- Born: Donald Gordon Addis September 13, 1935 Hollywood, California
- Died: November 29, 2009 (aged 74)
- Nationality: American
- Area: Cartoonist
- Notable works: Bent Offerings
- Awards: National Cartoonist Society Newspaper Panel Cartoon Award, 1993 Ignatz Award (OrlandoCon) Freedom from Religion Foundation’s Freethought in the Media “Tell It Like It Is” award, 2005

= Don Addis =

American cartoonist

Donald Gordon Addis (September 13, 1935 - November 29, 2009) was an American comic strip artist.

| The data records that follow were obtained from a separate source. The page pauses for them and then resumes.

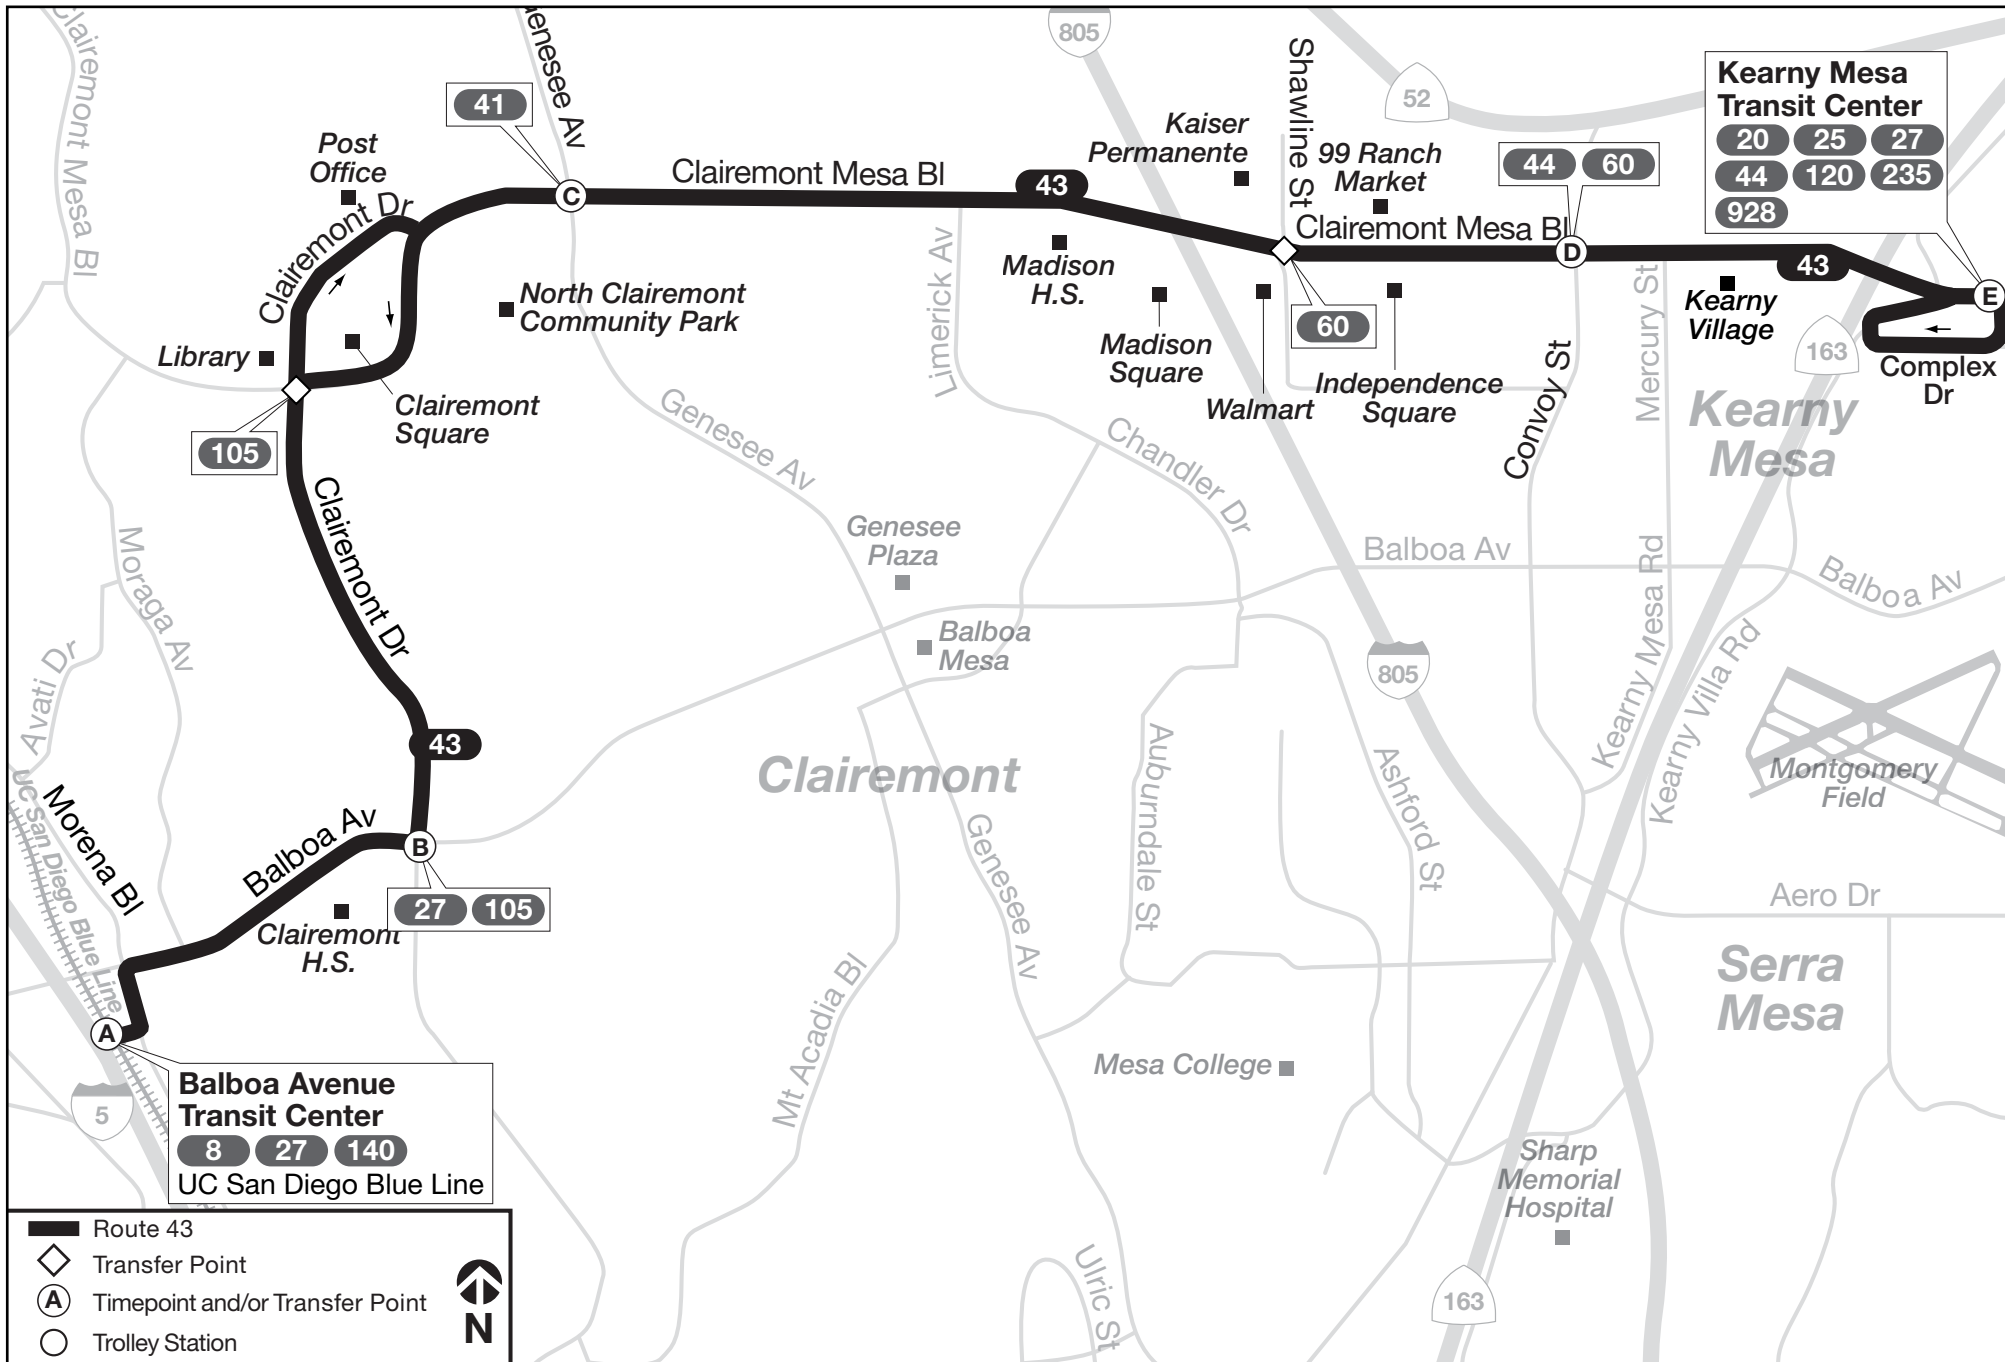

MTS Information & Trip Planning MTS Información y planeo de viaje	511 or/ó (619) 233-3004
TTY/TDD (teletype for hearing impaired) Teletipo para sordos	(619) 234-5005 or/ó (888) 722-4889
InfoExpress (24-hour info via Touch-Tone phone) Información las 24 horas (vía teléfono de teclas)	(619) 685-4900
Customer Service / Suggestions Servicio al cliente / Sugerencias	(619) 557-4555
MTS Security MTS Seguridad	(619) 595-4960
Lost & Found Objetos extraviados	(619) 233-3004
Transit Store	(619) 234-1060 12th & Imperial Transit Center M-F 8am-5pm
For MTS online trip planning Planificación de viajes por Internet	sdmts.com

For more information on riding MTS services, pick up a Rider's Guide on a bus or at the Transit Store, or visit sdmts.com.

Para obtener más información sobre el uso de los servicios de MTS, recoja un 'Rider's Guide' en un autobús o en la Transit Store, o visita a sdmts.com.

Thank you for riding MTS! ¡Gracias por viajar con MTS!

43

**Balboa Avenue Transit Center –
Kearny Mesa Transit Center**
via Clairemont Mesa Blvd.

DESTINATIONS

- Clairemont Square
- Clairemont High School
- Madison High School
- Kearny Village

TROLLEY CONNECTIONS
• Balboa Avenue

sdmts.com

Route Alerts, Updated Schedules,
Connections & More

Alternative formats available upon request. Please call: (619) 557-4555 / Formato alternativo disponible al preguntar. Favor de llamar: (619) 557-4555

Route 43 – Sunday / domingo

Balboa Avenue Transit Center → Kearny Mesa

(A) Balboa Avenue Transit Center DEPART	(B) Balboa Av. & Clairemont Dr.	(C) Clairemont Mesa Bl. & Genesee Av.	(D) Clairemont Mesa Bl. & Convoy St.	(E) Kearny Mesa Transit Center ARRIVE
6:29a	6:34a	6:43a	6:53a	6:58a
6:59	7:04	7:13	7:23	7:28
7:29	7:34	7:43	7:53	7:58
7:59	8:04	8:13	8:23	8:28
8:29	8:34	8:43	8:53	8:58
8:59	9:04	9:13	9:23	9:28
9:29	9:34	9:43	9:53	9:58
9:52	9:57	10:06	10:16	10:21
10:22	10:27	10:36	10:46	10:51
10:52	10:57	11:06	11:17	11:23
11:22	11:27	11:36	11:47	11:53
11:52	11:57	12:06p	12:17p	12:23p
12:22p	12:27p	12:36	12:47	12:53
12:52	12:57	1:06	1:17	1:23
1:22	1:27	1:36	1:47	1:53
1:52	1:58	2:07	2:19	2:25
2:22	2:28	2:37	2:49	2:55
2:52	2:58	3:07	3:19	3:25
3:22	3:28	3:37	3:49	3:55
3:52	3:58	4:07	4:19	4:25
4:22	4:28	4:37	4:49	4:55
4:52	4:58	5:07	5:19	5:25
5:22	5:28	5:37	5:49	5:55
5:52	5:57	6:06	6:17	6:23
6:22	6:27	6:36	6:47	6:53
6:52	6:57	7:06	7:17	7:23
7:22	7:27	7:35	7:45	7:50
7:45	7:50	7:58	8:08	8:13
8:15	8:20	8:28	8:38	8:43
8:45	8:50	8:58	9:08	9:13
9:15	9:20	9:28	9:38	9:43
9:49	9:53	10:00	10:09	10:13

Kearny Mesa → Balboa Avenue Transit Center

(E) Kearny Mesa Transit Center DEPART	(D) Clairemont Mesa Bl. & Convoy St.	(C) Clairemont Mesa Bl. & Genesee Av.	(B) Balboa Av. & Clairemont Dr.	(A) Balboa Avenue Transit Center ARRIVE
6:31a	6:38a	6:47a	6:56a	7:01a
7:05	7:12	7:21	7:31	7:37
7:35	7:42	7:51	8:01	8:07
8:05	8:12	8:21	8:31	8:37
8:35	8:42	8:51	9:01	9:07
9:05	9:12	9:21	9:31	9:37
9:35	9:42	9:51	10:01	10:07
10:05	10:12	10:21	10:31	10:37
10:33	10:41	10:51	11:01	11:07
11:03	11:11	11:21	11:31	11:37
11:33	11:41	11:51	12:01p	12:07p
12:03p	12:11p	12:21p	12:31	12:37
12:33	12:41	12:51	1:01	1:07
1:03	1:11	1:21	1:31	1:37
1:33	1:41	1:51	2:01	2:07
2:03	2:11	2:21	2:31	2:37
2:33	2:41	2:51	3:01	3:07
3:03	3:11	3:21	3:31	3:37
3:33	3:41	3:51	4:01	4:07
4:03	4:11	4:21	4:31	4:37
4:33	4:41	4:51	5:01	5:07
5:03	5:11	5:21	5:31	5:37
5:35	5:42	5:51	6:01	6:07
6:05	6:12	6:21	6:31	6:37
6:37	6:44	6:53	7:02	7:07
7:03	7:09	7:17	7:25	7:30
7:33	7:39	7:47	7:55	8:00
8:01	8:07	8:15	8:23	8:28
8:30	8:36	8:44	8:52	8:57
9:00	9:06	9:14	9:22	9:27

A Saturday or Sunday schedule will be operated on the following holidays and observed holidays
Se operará con horario de sábado o domingo durante los siguientes días festivos y feriados observados

>>> New Year's Day, Presidents' Day, Memorial Day, Independence Day, Labor Day, Thanksgiving, Christmas

He received his bachelor's degree in design from the University of Florida, where he was in charge of the production lab for the student newspaper, The Alligator (later The Independent Florida Alligator). His work includes a self-published collection of his work at UF, numerous freelance cartoons for Playboy magazine, and the syndicated newspaper strips:
- Briny Deep (1980–1981)
- The Great John L., also known as Babyman (1982–1985)
- Bent Offerings (1988–2004)

Addis was a longtime member of the Freedom From Religion Foundation. He received the Foundation's Freethought in the Media “Tell It Like It Is” award at the 2005 national convention in Orlando.

Addis received the National Cartoonist Society Newspaper Panel Cartoon Award for 1992 for his work on Bent Offerings.

He retired as an editorial cartoonist and columnist with the St. Petersburg Times Publishing Company in 2004, where he had worked since 1964.

Addis died of lung cancer at the age of 74 on November 29, 2009.